ES Index Rate drops after every few hours

Hi,

We are observing a drop in ES index rate after every few hours. We have indexes created on daily basis and data is pushed into ES from logstash. In a day we expect 8 billion documents pushed to given day index. At times we see Index rate close to 600,000 /s for total shards and 350,000 /s for primary shards and then after sometime it gets dropped drastically to 22,000 /s. Any pointers that I can check for drop in Index rate after every few hours?

Thanks

Which version of Elasticsearch are you using?

How many indices and shards are you actively indexing into?

Is there any pattern around when you see the maximum throughput and when it is lower, e.g. starts out fast and gets gradually slower over time?

Are you just indexing new data or also performing updtes and/or deletes?

Are you using a custom ID or allowing Elasticsearch to set the ID?

What type of storage are you using? Local SSDs?

Please find answers below

Which version of Elasticsearch are you using? 7.17.8

How many indices and shards are you actively indexing into? Currently indexing is going on 9 indexes created from 3 index templates. Index from template 1 has 30 shards and 1 replica, Index from template 2 has 15 shards and 1 replica, Index from template 3 has 10 shards and 1 replica

Is there any pattern around when you see the maximum throughput and when it is lower, e.g. starts out fast and gets gradually slower over time? When index rate drops drastically, I could see I/O utilization touches 100% on busy nodes.

Are you just indexing new data or also performing updtes and/or deletes? We are indexing new data

Are you using a custom ID or allowing Elasticsearch to set the ID? We are using custom id

What type of storage are you using? Local SSDs? HDD

Our more pointer I want to tell you our shard size is greater than recommended 20-50 GB shard size. Usually our per shard data is around 100 GB. Not sure whether it will help.

How many nodes performing indexing do you have in the cluster?

This seems a lot of shards to index into. It is possible that your bulk requests will result in a lot of small writes, which will result in higher IO.

If you are using custom IDs each indexing operation will need to br treated as a potential update and a search through the shard be performed before the data can be written. This results in higher IO and tends to lead to indexing throughput slowing down as shards grow in size.

I would not be surprised if the busy nodes are busy doing merging, which can use a lot of IO for larger shards. Indexing in general is very I/O intensive in Elasticsearch, which is why the docs recommend using SSDs. Writing to a lot of shards using custom IDs is not helping either as you are using HDDs. If you are not updating data and your data is immutable I would recommend letting Elasticsearch assign the document IDs as this will likely improve your throughput and reduce I/O load.

While doing _cat/tasks?detailed i could see that top tasks are related to forcemerge and bulk write has these information. So is the below information referring that merge operation is taking time.

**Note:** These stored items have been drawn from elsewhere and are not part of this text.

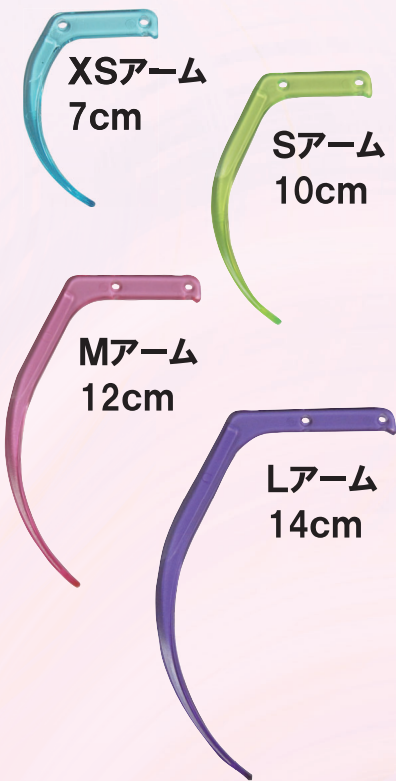

## 発売より7年が経過し、ジェミニツチが完全リニューアル！ 透明感あふれる筐体に生まれ変わりました。

アームユニットの配線をトラックケーブル仕様へ変更し、背面陳列用景品への引っ掛かり防止対策をしました。

アーム設計変更により、爪を亚克力とし簡易に交換できるようになりました。

オプションでショーケースが取り付けられるようになりました。

亚克力支柱を採用して、透明感あふれる筐体に生まれ変わりました。

景品落とし口のフタをスライド式にしました。取り外すことなく景品落とし口のサイズを変更出来ます。

筐体サイズ：W500×D595×H1,670mm  
(ショーケース無し高さ H1,450mm)

消費電力：50W (最大消費電力：105W)

※仕様及びデザインは改良のため予告なく変更する場合がありますのでご了承ください。

● お問い合わせ ●

**KNT** 北日本通信工業株式会社

〒962-0041 福島県須賀川市横山町 81

TEL: 0248-75-2877

FAX: 0248-72-9191
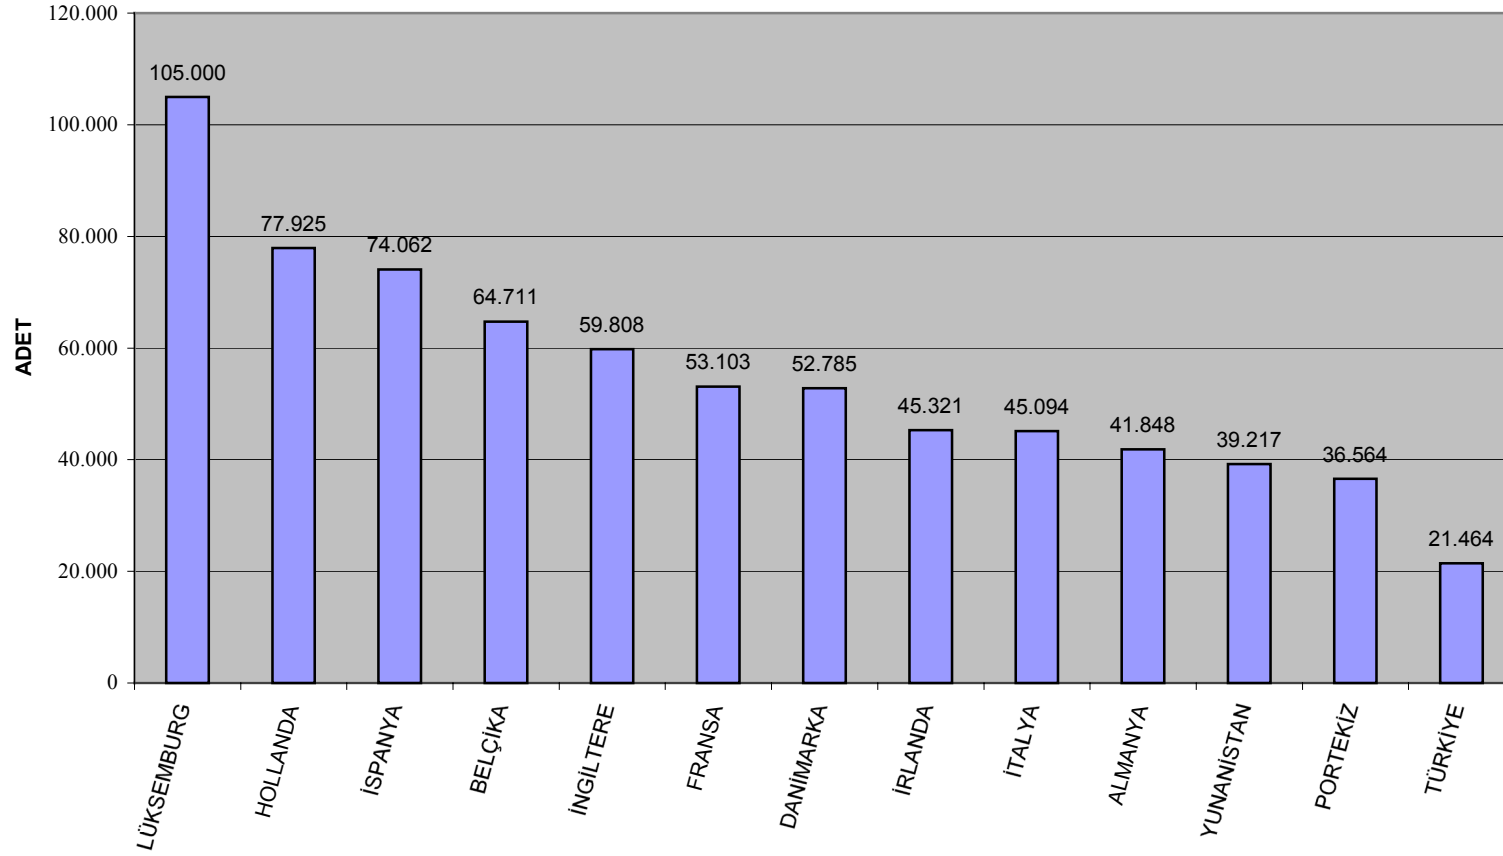

GRAFİK 4- SEÇİLMİŞ ÜLKELERDE ÇALIŞAN BAŞINA TAŞINAN MEKTUP POSTASI

KAYNAK: OECD ve PTT Yıllık Faaliyet Raporları. TÜRKİYE 1996-1999 ortalama. Diğer ülkeler 1992.

GRAFİK:5- PTT PERSONEL SAYISINDA GELİŞMELER
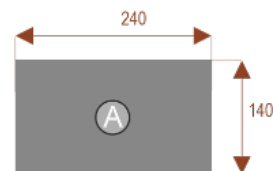

Opis produktu

Informacje o [kolorze płyty](#) i stelaża (oraz innych szczegółach) wpisz w uwagach przy zamówieniu.

Wymiary stołu ze zdjęcia:

- Długość **200cm** - możliwa lekka modyfikacja wymiarów w cenie.
- Głębokość **120cm** - możliwa lekka modyfikacja wymiarów w cenie.
- Wysokość blatu roboczego **75cm** - możliwa lekka modyfikacja wymiarów w cenie
- Stopki poziomujące
- Stelaż metalowy
- Kolor stelażu metalik , biały , czarny - lub inne do wyceny
- Możliwość dodania mediaportów

Okolo 70 cm na osobę
Pomiesci 10 osób

Numer artykułu 34105

Tulipan T12b

Okolo 70 cm na osobę
Pomiesci 12 osób

Numer artykułu 34106

Tulipan T14b

Okolo 70 cm na osobę
Pomiesci 14 osób

Numer artykułu 34107
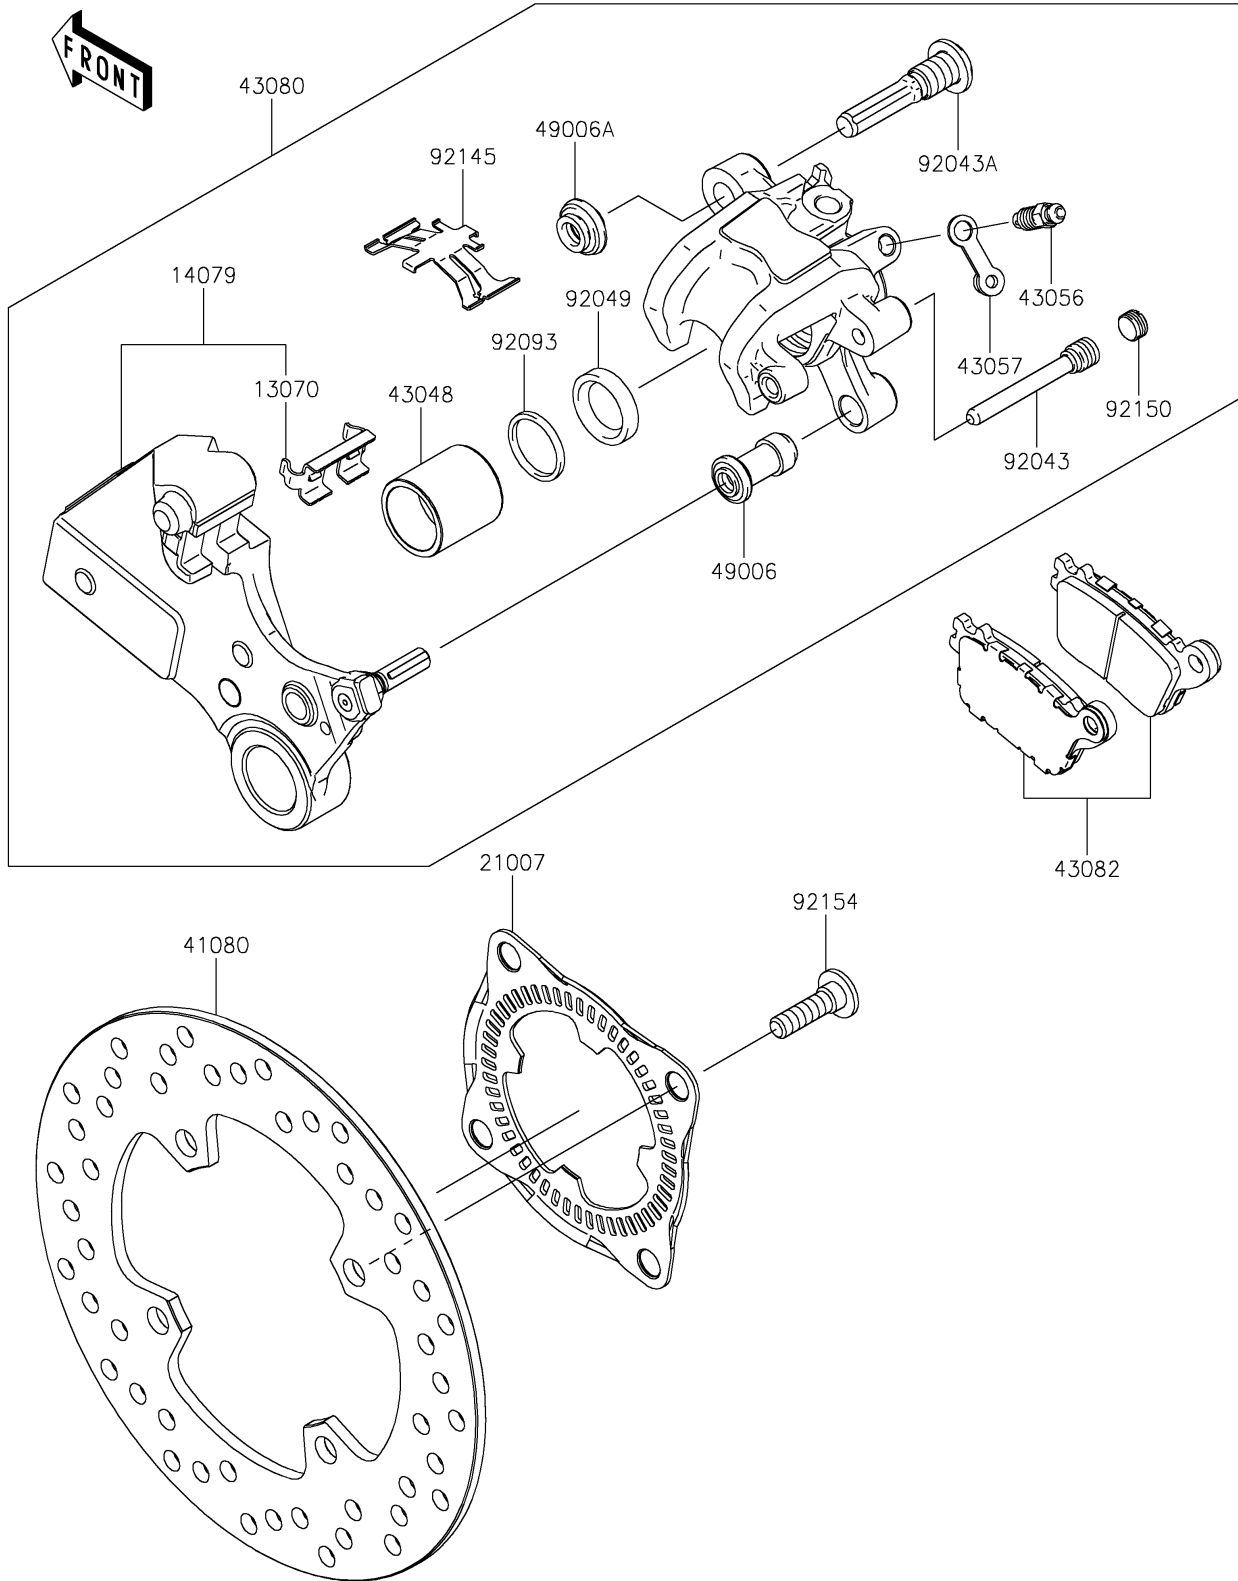

2024 NINJA® ZX™ -10R ABS PARTS DIAGRAM

Rear Brake

F2294

2024 NINJA® ZX™ -10R ABS PARTS LIST

Rear Brake

ITEM NAME	PART NUMBER	QUANTITY
GUIDE (Ref # 13070)	13070-0126	1
HOLDER-ASSY (Ref # 14079)	14079-0617	1
ROTOR,RR WHEEL (Ref # 21007)	21007-0167	1
DISC,RR (Ref # 41080)	41080-0662	1
PISTON-CALIPER (Ref # 43048)	43048-0018	1
BREATHER (Ref # 43056)	43056-1055	1
CAP-BREATHER (Ref # 43057)	43057-1001	1
CALIPER-SUB-ASSY,RR,BLACK (Ref # 43080)	43080-0226-DJ	1
PAD-ASSY-BRAKE (Ref # 43082)	43082-0198	1
BOOT,CALIPER (Ref # 49006)	49006-1088	1
BOOT,CALIPER (Ref # 49006A)	49006-1242	1
PIN,PAD (Ref # 92043)	92043-0106	1
PIN (Ref # 92043A)	92043-1508	1
SEAL-OIL,PISTON (Ref # 92049)	92049-1331	1
SEAL,PISTON (Ref # 92093)	92093-1272	1
SPRING (Ref # 92145)	92145-0810	1
BOLT,PLUG (Ref # 92150)	92150-1692	1
BOLT,SOCKET,8X30 (Ref # 92154)	92154-1865	4
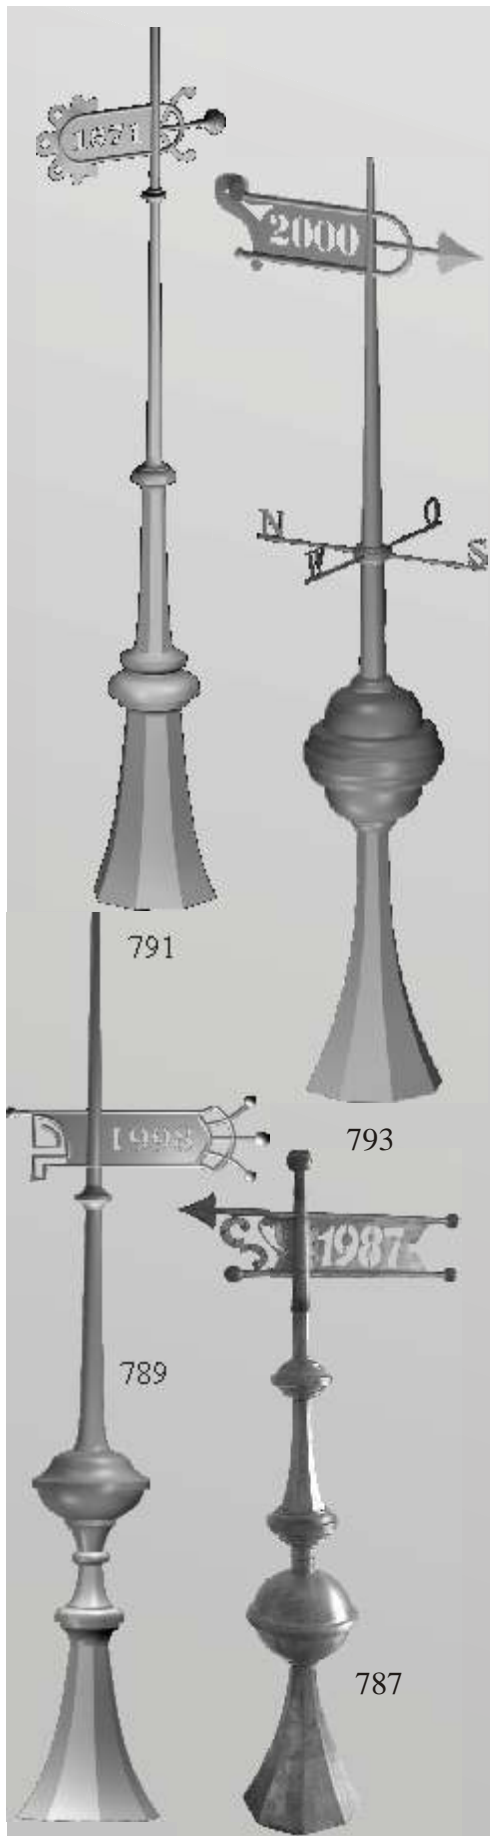

Dachspitzen

Dachspitze

Artikel	Abmaße			Kupfer	Zink
Dachspitze Nr.	Höhe (mm)	Kugel Ø (mm)	Fuß (mm)	€/Stück	€/Stück
Standard 8-eck Fuß	787	800	160	200	
	787	1200	200	250	
	787	1400	200	250	
	787	1700	250	380	
789	1500	265	280		
789	2000	300	340		
789	2500	345	360		
789	3000	400	400		
791	1400	210	265		
791	1800	230	280		
791	2500	260	320		
791	3000	320	400		
793	1200	200	220		
793	2000	250	280		
793	2500	300	330		
793	3000	350	400
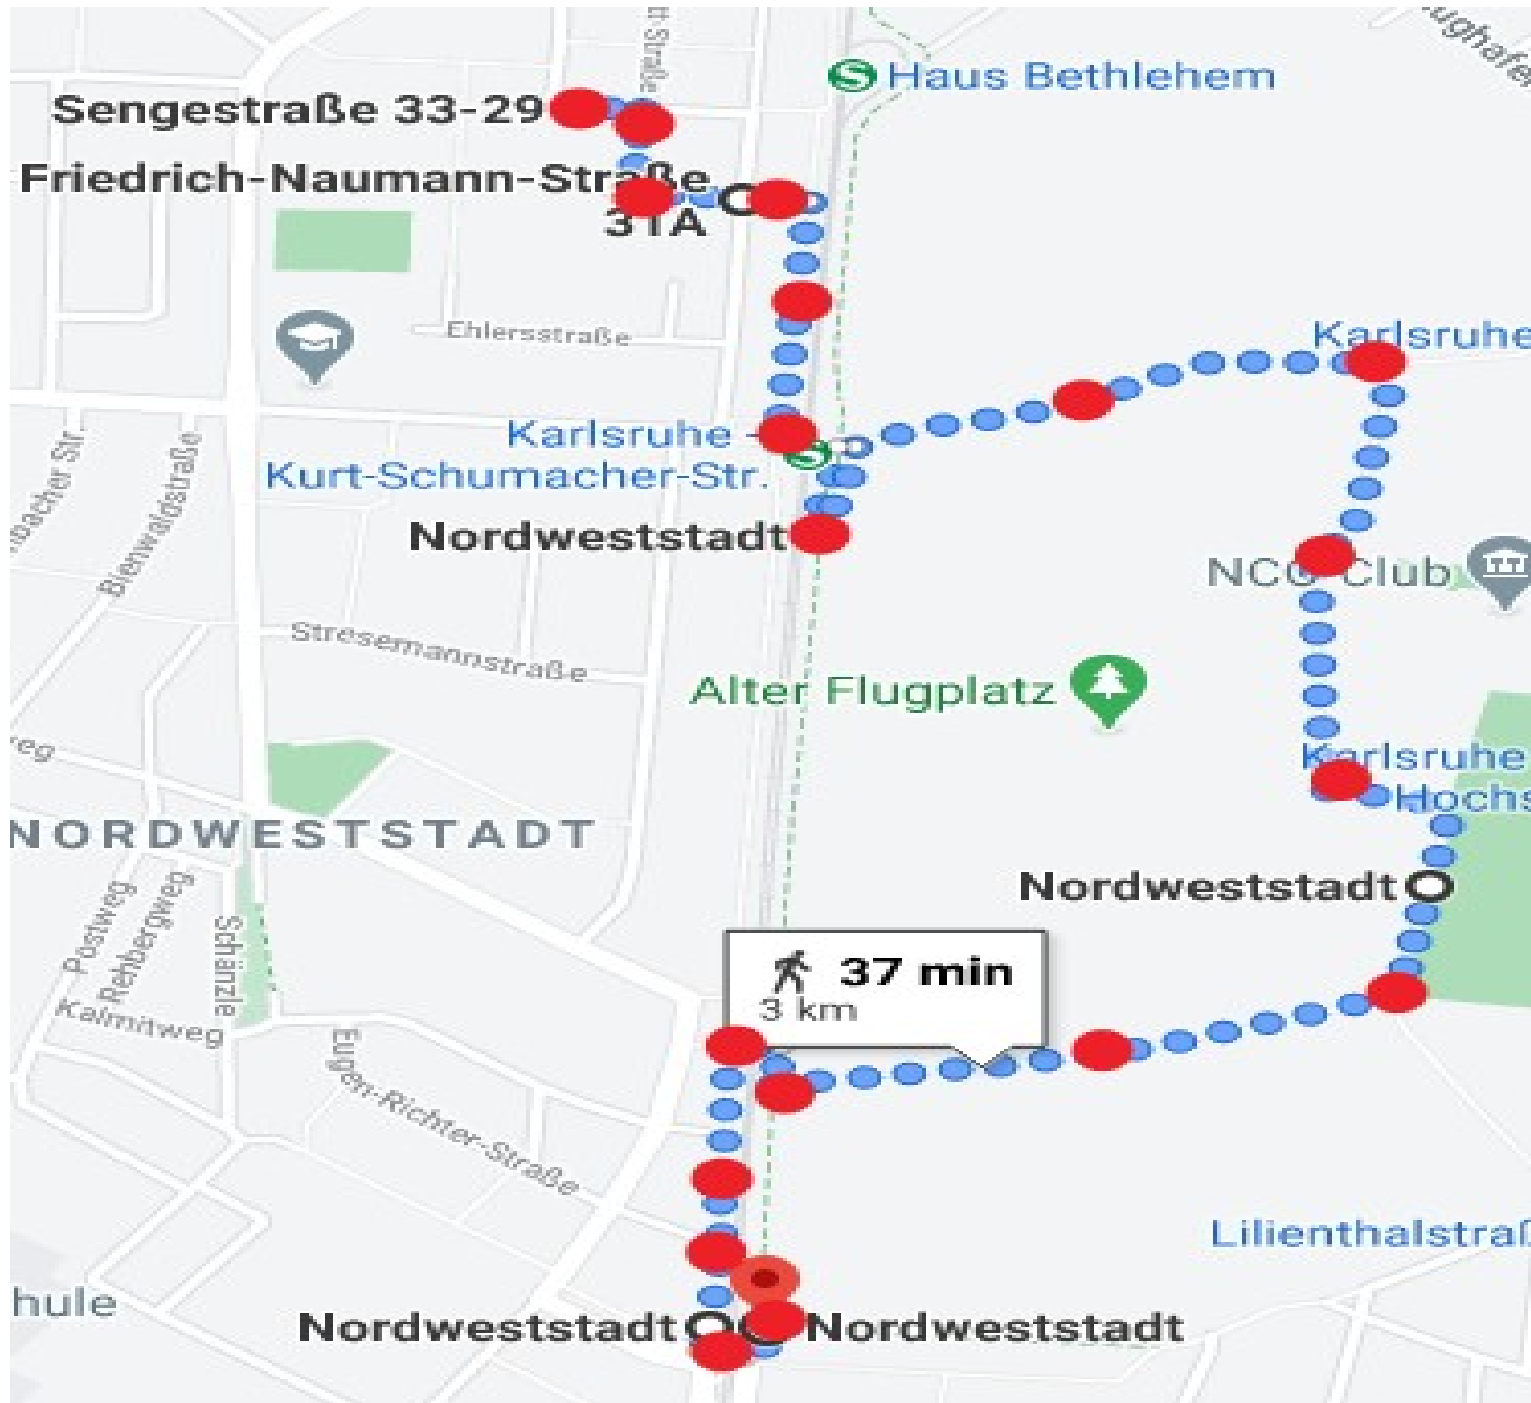

Übersichtskarte Nordweststadt (Haus Bethlehem)

Auflistung der Stationen

Station	Ortsbeschreibung
1. Startschild	Laufe zum Weg links neben der Schule, Schild am Schulzaun rechts am Eck
2. Station	Laufe geradeaus und biege links auf Friedrich Naumann Straße ab, Schild an der Straßenlaterne, rechte Straßenseite
3. Station	Laufe geradeaus, überquere Friedrich Naumann Straße, Schild auf rechter Seite am Zaun
4. Station	Biege links ab, Schild hängt auf rechter Seite nach ca. 150 Metern an einem jungen Baum
5. Station	Laufe weiter geradeaus, Schild oberhalb Haltestelle „Kurt Schumacher Straße“, an Rückseite der Parkbank
6. Station	Überquere die Brücke, gehe zum Eingang alter Flugplatz, Schild am Zaun links neben dem Eingang
7. Station	Laufe den linken Flugplatzweg, Schild am Holzgeländer in Mitte des Flugplatzes
8. Station	Laufe geradeaus, Schild hängt an Rückseite des Infoschild am Ende des Flugplatzes
9. Station	Laufe nun rechts auf dem Flugplatz weiter, Schild in nächster Kurve auf rechter Seite am Holzgeländer
10. Station	Laufe weiter auf dem Weg, Schild in nächster Kurve links in einem Baum
11. Station	Laufe bis zur nächsten Wegkreuzung, Schild hängt in der Mitte am Straßenschild
12. Station	Laufe rechts durch Mitte des alten Flugplatzes, Schild auf der Mitte des Weges auf linker Seite an Holzgeländer
13. Station	Laufe weiter geradeaus, Schild hängt am Ausgang des alten Flugplatzes auf der rechten Seite am Zaun
14. Station	Überquere die Bahnhaltestelle „August Bebel Straße“, Schild hängt auf rechter Seite am Brückengeländer
15. Station	Biege links ab, Laufe bis zum Spielplatz, Schild hängt am Karussell auf dem Spielplatz
16. Station	Laufe den Weg weiter bis zum nächsten Fußgängerschild, Schild hängt am Fußgängerschild
17. Station	Laufe weiter und biege links auf Brücke ab, Schild hängt auf Mitte der Brücke an Geländer zwischen Blumenbeeten
Letztes Schild	Codekarte am Geländer

indices:admin/forcemerge transport 1h Force-merge indices max-segments[3] onlyexpungedeletes[false] flush[true]

indices:data/write/bulk transport 19m requests[5000] indices[index name1,indexname2]

indices:data/write/bulk transport 19m requests[84] indices[index name1] [8]

As our index holds data in TBs for current day and even with the current no of primary shards our shard size is greater than recommended 50 GB limit. Taking less number of shards will increase the shard size.

What is the size and specification of your cluster?

I saw you seem to be performing forcemerges. Is your data truly immutable or do you perform updates and/or deletes?

99% of operations are new index data and only in few scenarios we update or delete. I believe this forcemerge is done by ES to merge small segments.

Elasticsearch merge segments in the background. A fircemerge does as far as I know have to be invoked through the APIs. If you have ILM configured I believe this can be configured to perform a forcemerge, but otherwise it is probably invoked from your application at some point.

Just checked yes we have curator running for forcemerge. As we are lagging, so forcemerge started on index on which write operations are going on. Do you think cancelling force merge task using this API (POST _tasks/aitueURTbdu58VeiohTt8A:12345/_cancel) will have repercussion on running. As it is consuming resource and due to which we have drops in index rate.

This topic was automatically closed 28 days after the last reply. New replies are no longer allowed.